Edge International

Prioritising Initiatives – Avoiding the Seven Deadly Sins

Nick Jarrett-Kerr

I have often noticed that firms do not always seem to prioritise initiatives sufficiently carefully. My experience is that one or more of the following seven things get in the way of proper planning and implementation:

  1. He (or she) who shouts loudest for resources will often get them;
  2. Prioritisation is decided on positions of power or because of internal politics, and not on what is likely to be best for the firm;
  3. Initiatives – particularly office moves – are agreed on gut instinct in an effort to outshine competitors and with little by way of cost-benefit analysis;
  4. The managing partner and the top management team end up with a long list of projects, and working partners avoid getting any; lack of resources mean that urgent or easy jobs get done even if they lack importance;
  5. There is no attempt at prioritisation and the firm ends up with a proliferation of half-completed and abandoned projects;
  6. Overstretched partners agree to take on projects for which realistically they will have little or no time. Initiatives are agreed upon which everybody knows will never actually happen, usually because of lack of time or proper accountability;
  7. Projects are decided without proper assessment or analysis, either on a copy-cat basis or on a simple assertion that “we must do this”.
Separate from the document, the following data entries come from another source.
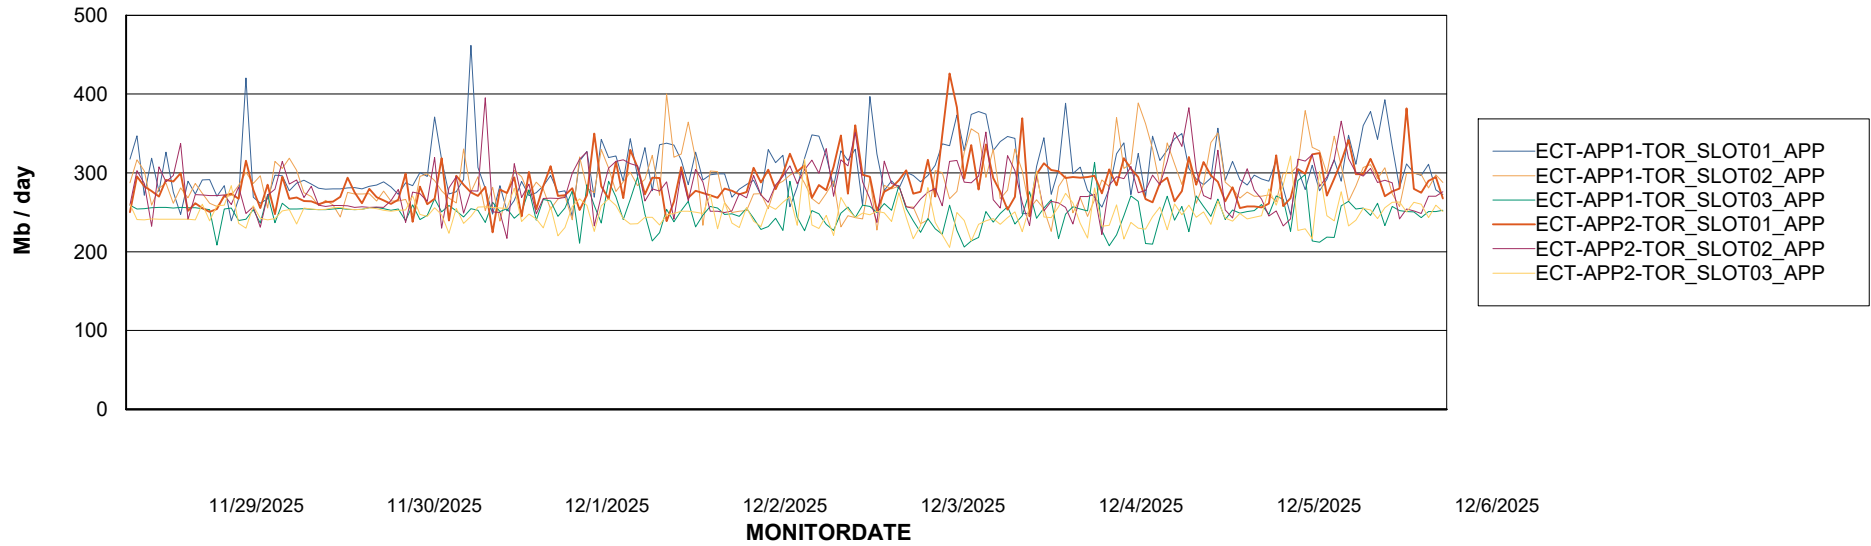

ABSSolute Application Server Services

Avg memory used per ABS Server Service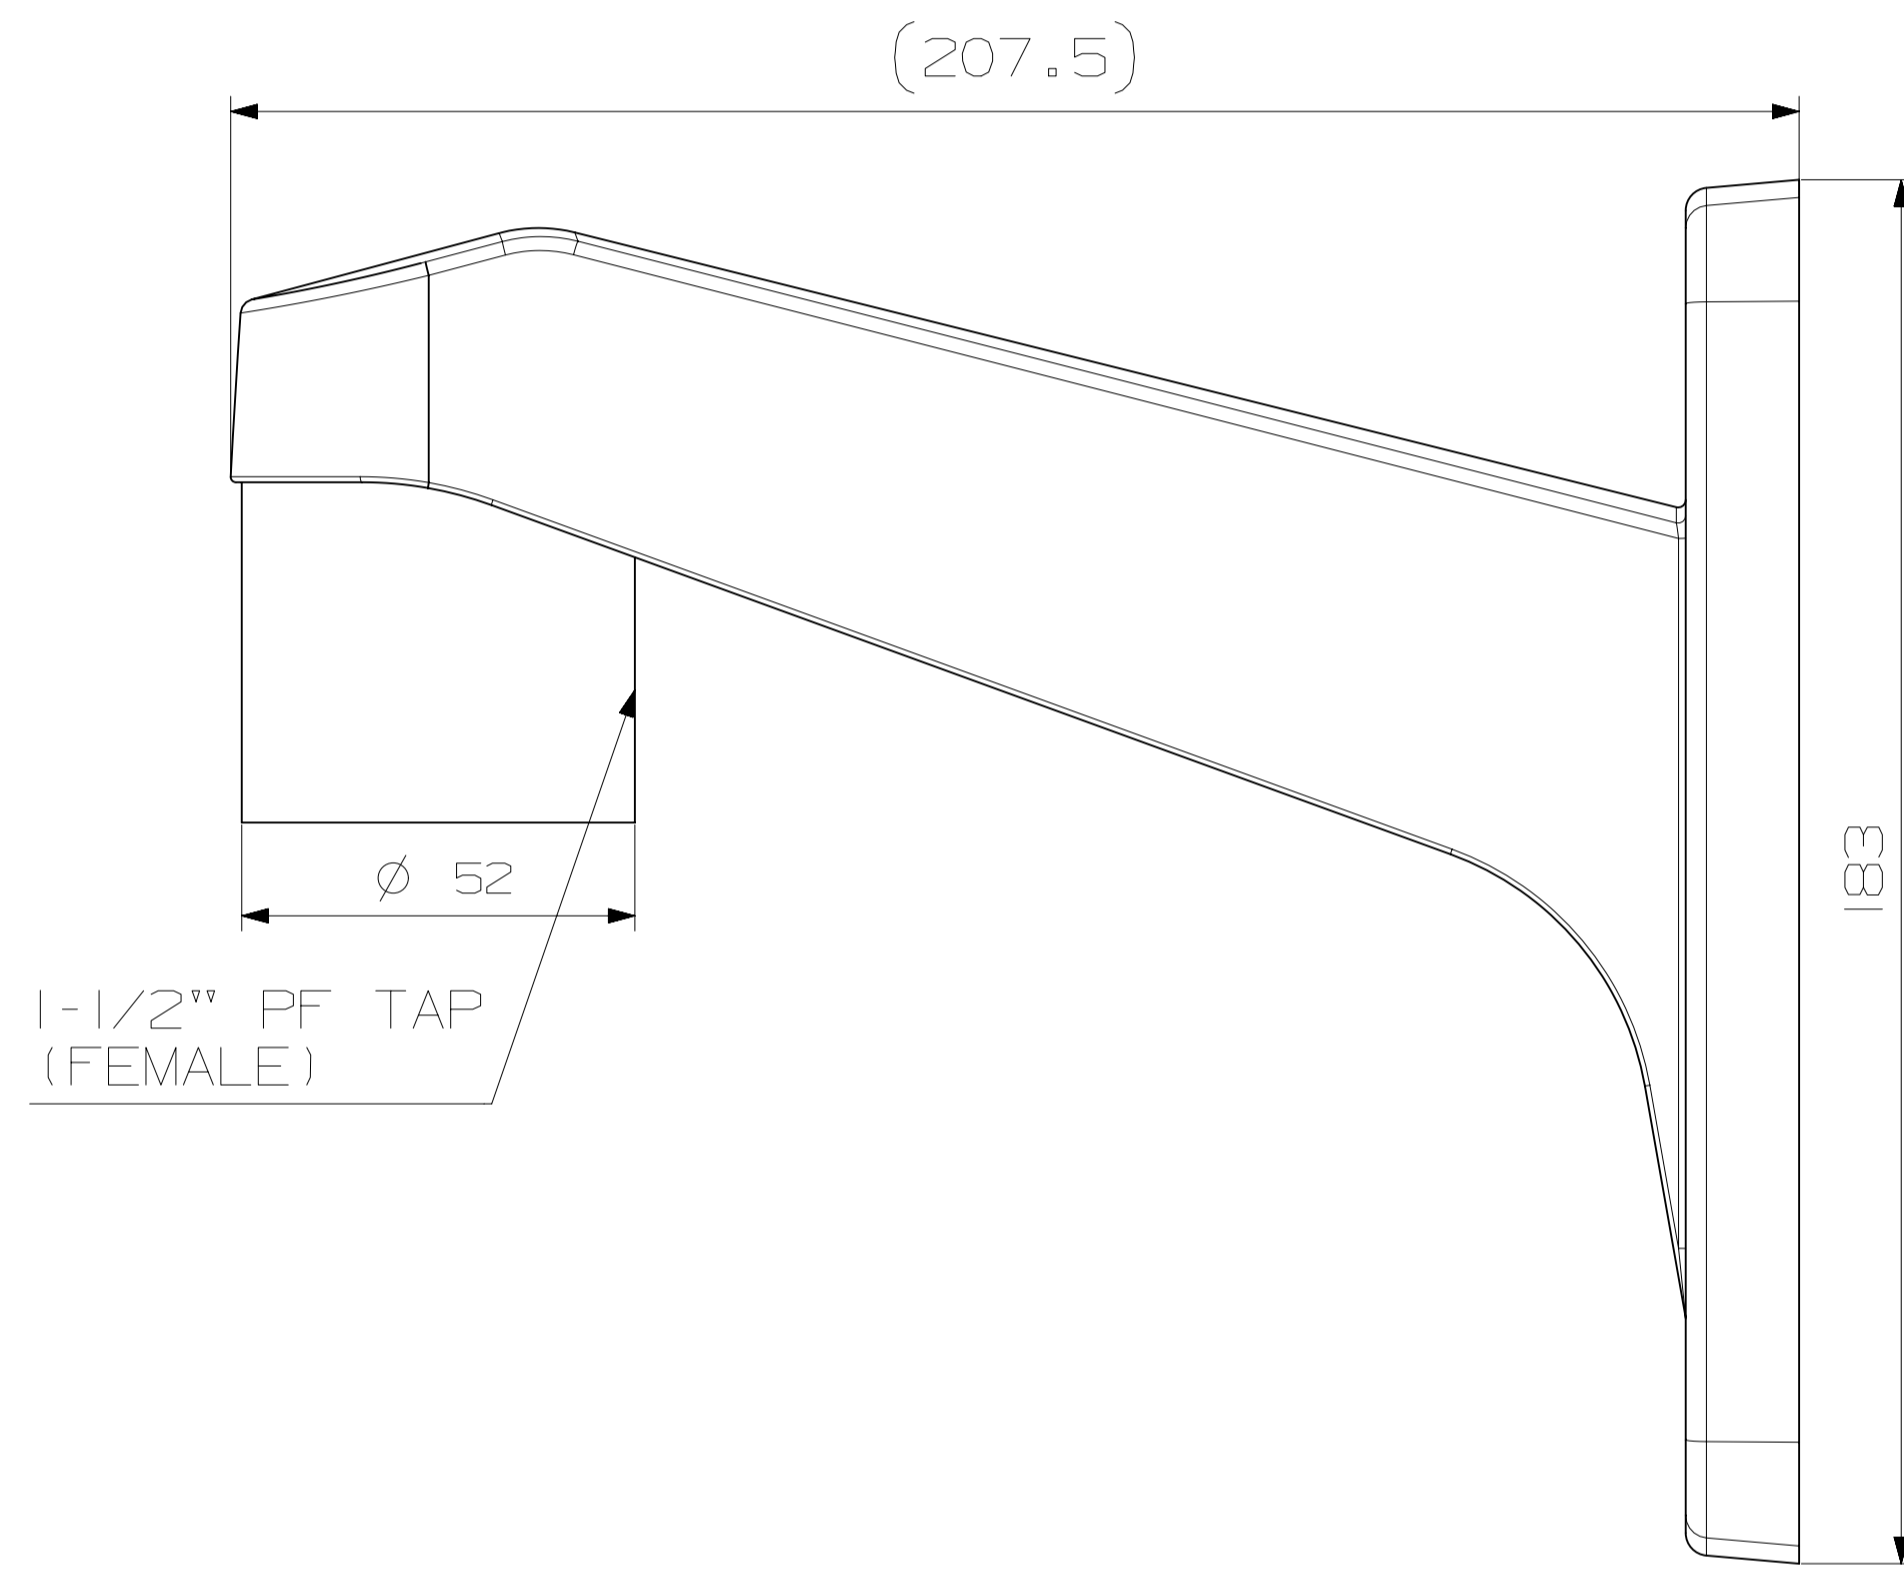

WALL MOUNT
SBP-300WMI

1-1/2" PF TAP
(FEMALE)

It is of course true that strategic plans generally generate multiple initiatives across the firm, including projects which are both practice-group specific and those which cross group boundaries. But priority decisions need to be made as objectively and clinically as possible. I suggest therefore that strategic initiatives should be tested against four important criteria:

  • Strategic alignment – What part of our strategy is this initiative intended to support? What goal or objective is this project aimed at?
  • Strategic Benefit and Outcomes – What are the expected outcomes and results?
  • Resources – What are the resources needed to bring the project to success? What are the costs and funding implications, and what are the time requirements?
  • Capabilities – What is our confidence in our ability to deliver this project? What degree of change is necessary, and what is the risk if things go wrong?

The various strategic initiatives can then be scored or assessed to agree on the most promising set of overall initiatives. This process also helps the firm to arrive at the performance indicators, financial metrics and strategic milestones which should lead to and define success.